When the air electrode gas flows through the manifolds MFa12, MFa22 and the air electrode gas flow paths GRa, GRa,..., The air electrode gas contacts the cathodes CT1 to CT4. Further, the fuel electrode gas contacts the anodes AN1 to AN4 when flowing through the manifolds MFf14, MFf24 and the fuel electrode gas flow paths GRf, GRf,. The air electrode gas and the fuel electrode gas undergo a chemical reaction according to the chemical formulas 1 and 2, and as a result, a positive voltage and a negative voltage appear on both surfaces of the electrolyte EL.
[Chemical 1]
1 / 2O ₂ + 2e ⁻ → O ²⁻
[Chemical formula 2]
H ₂ + O ²⁻ → H ₂ O + 2e ⁻

  A part of the air electrode gas and the fuel electrode gas is discharged to the outside of the fuel cells 20a and 20b without causing a chemical reaction. The air electrode gas is discharged through the air electrode gas flow paths GRa, GRa,..., And the fuel electrode gas is discharged through the fuel electrode gas flow paths GRf, GRf,. The discharged air electrode gas and fuel electrode gas react with each other to generate heat, thereby achieving heat independence.
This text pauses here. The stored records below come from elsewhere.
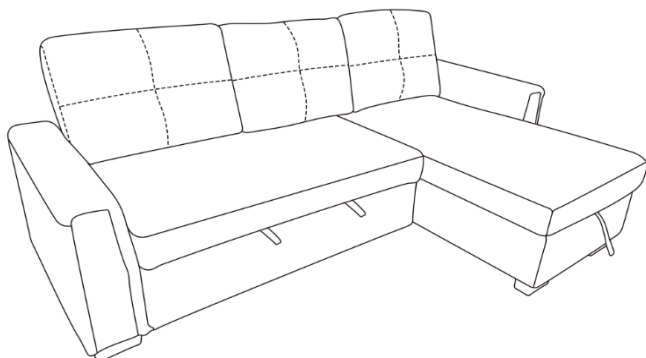

ASSEMBLY INSTRUCTION INSTRUCTIONS D'ASSEMBLAGE

ITEM NO : 9145PWT-2A Armless 2-Seater with Pull-Out Bed

9145PWT-A Arms

9145PWT-VC Armless Reversible Chaise with Hidden Storage

Thank you for purchasing the product. Please take time to read and follow the instruction below. Check that you have all parts and hardware before assembly. Parts apparently missing are often found in the packing materials. If you do not have all the parts listed, have your dealer contact us and they will be sent to you immediately.

9145PWT-2A PARTS LIST / LISTES DE PIÈCES

No	Drawing/ Dessin	Description	QTY/QTÉ
A		Armless 2-Seater with Pull Out Bed	1 pc
B		Back Cushion	2 pcs

9145PWT-A PARTS LIST / LISTES DE PIÈCES

No	Drawing/ Dessin	Description	QTY/QTÉ
C		Rest Arm (Upper Hook)	1 pc
D		Rest Arm (Lower Hook)	1 pc
E		I - Platics Leg	4 pcs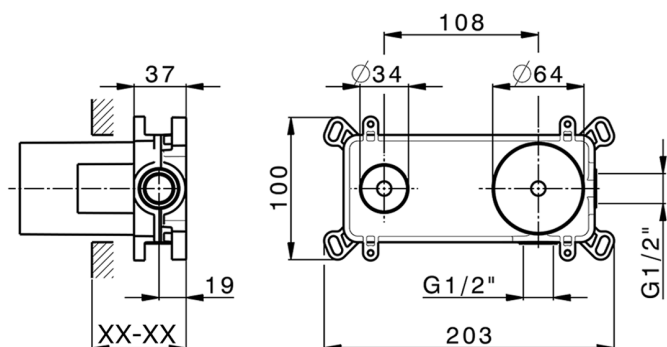

Exposed part for single lever washbasin valve HARLOCK_HC005514

MODEL **HC005514**

Exposed part for single lever washbasin valve, without concealed part, spout L.200 mm, for item Easy-Box ZB002450 and art. ZB025510

Exposed part for single lever washbasin valve HARLOCK_HC005514

HC005514

<https://en.huberitalia.com/exposed-part-for-single-lever-washbasin-valve-harlock-hc005514>

Concealed single lever washbasin mixer Easy-Box CONCEALED_ZB002450

MODEL **ZB002450**

Concealed single lever washbasin mixer
Easy-Box, with protection guard box, without trim kit

AVAILABLE FINISHINGS

04 04 Without finishing

CHARACTERISTICS

Installation	Concealed
Cartridge Spare Parts	ZZ95409000
35 mm Cartridge	
Concealed	1

Piastra/Plate/Plaque/Platte/Placa

2-3mm: XX 56-76

10mm: XX 48-68

DeviaStop

The Huber Devia Stop technology allows to adjust the water flow and to direct it to the selected output point (overhead soaker, hand shower, etc).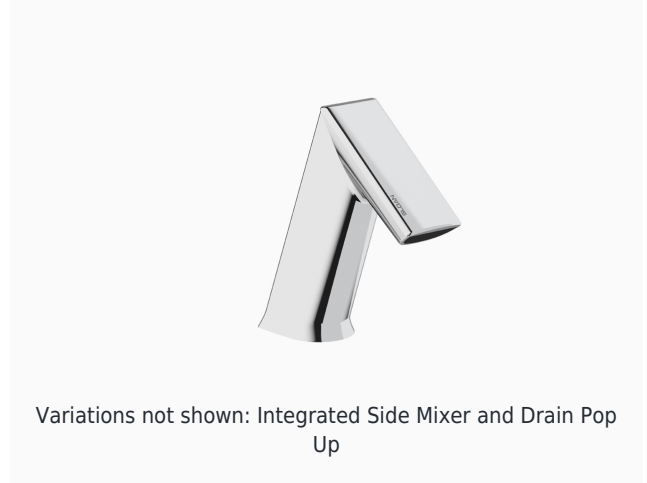

FEATURES

Commercial Grade, ADA Compliant, Electronic, Sensor-Activated, Die-Cast Metal Hand Washing Faucet with the following features:

- One tool service
- All wetted components to be stainless steel, engineered thermoplastic, EPDM, and copper or copper alloy
- Solenoid housed in removable carrier that includes supply strainer
- Integral water supply shut off
- Supply strainer serviceable from above deck
- Vandal resistant spray insert, key housed inside faucet body
- All electronics sealed to IP-155
- Gold plated electrical contacts
- Above deck individual diagnostic indicators for battery life, solenoid condition, and power up mode
- Flexible, high pressure supply hoses, 3/8" compression connections
- Bi-stable magnetic solenoid
- Four (4) "AA" alkaline batteries
- Double infrared sensors with automatic setting feature Includes all mounting hardware
- Line purge mode, eliminates stagnant water
- Adjustable time-outs
- Standard Bowed Crown
- Drain Pop-Up (DPU) included

VIDEOS

- BASYS® Faucet Installation and Features
- BASYS® Faucet Installation Mid Height Model

DOWNLOADS

- [EFX 1Xx/2Xx Installation Instructions](#)
- [EFX 1Xx/2Xx (SP) Installation Instructions](#)
- [EFX 1Xx/2Xx Caddy Replacement Installation Instructions](#)

COMPLIANCES & CERTIFICATIONS

(ADA Compliant, UL Certified, CEC Compliant, cUPC Low Lead Compliant)

NOTES

All information contained within this document subject to change without notice.

Looking for other variations of the EFX-200 product? [View the general spec sheet with all options.](#)

[Find a matching soap dispenser](#) for this faucet.

[Find a compatible sink](#) for this faucet.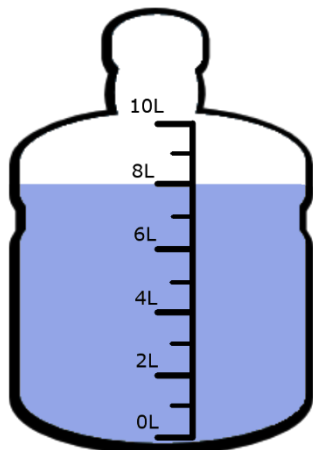

Volume & Capacity

Reading Scales

Record the volume of water in each container.

_____ L

Colour in water in each container to match the measurement below.

1 L

5 L

9.5 L

Volume & Capacity

Reading Scales **Answers**

Record the volume of water in each container.

6 L

8 L

7 L

9 L

2.5 L

7.5 L

Colour in water in each container to match the measurement below.

1 L

5 L

9.5 L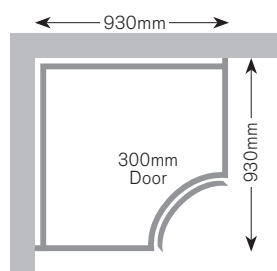

Concave Corner Base Unit

Full Height Door COB991PCF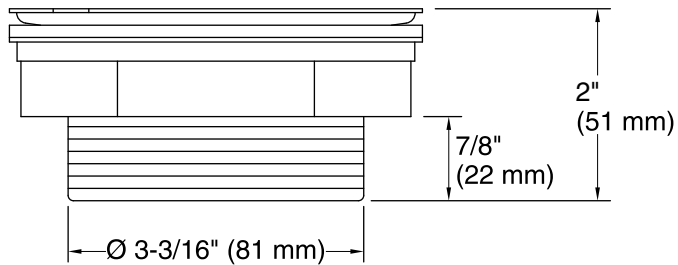

Technical Information

All product dimensions are nominal.

Drain included: Yes

Notes

Install this product according to the installation instructions.

The material of each of the separators SP1 to SP2 and SP4 to SP5 is, for example, zirconia (ZrO ₂ ) (yttria stabilized zirconia: YSZ) stabilized with yttria (Y ₂ O ₃ ) added in an amount of 3 mol%, or added. Zirconia (ZrO ₂ ) (ceria stabilized zirconia: CeSZ) stabilized with an amount of 12 mol% ceria (CeO ₂ ).

Each of the cathodes CT1 to CT4 is made of a conductive ceramic, more specifically, ABO ₃ or A2BO ₄ (where A is at least one of Ca, Sr, Ba, La, Pr, and Y, B is made of a perovskite oxide represented by at least one of Ni, Ti, V, Cr, Mn, Fe, Co, Mo, Ru, Rh, Pd, and Re).

  Further, each of the anodes AN1 to AN4 is made of a porous cermet, and more specifically, nickel oxide, yttrium oxide stabilized zirconia containing Ni, calcium oxide stabilized zirconia containing Ni, and scandium oxide stabilized with Ni. The materials are zirconia, cerium oxide stabilized zirconia containing Ni, titanium oxide containing Ni, alumina containing Ni, magnesia containing Ni, yttria containing Ni, niobium oxide containing Ni, and tantalum oxide containing Ni.

  Based on this, as shown in FIG. 6, each of the interconnectors CNa, CNa,... Provided in the air electrode side conductor layer 121 is formed by connector layers CL1a and CL2a stacked in the Z-axis direction. Of these, the connector layer CL1a is made of conductive ceramics, and the connector layer CL2a is made of metal. Further, the connector layer CL2a is arranged at a position closer to the cathodes CT1 to CT4 than the connector layer CL1a. More specifically, the upper surface of the connector layer CL2a is in surface contact with the lower surface of any one of the cathodes CT1 to CT4, and the lower surface of the connector layer CL2a is in surface contact with the upper surface of the connector layer CL1a.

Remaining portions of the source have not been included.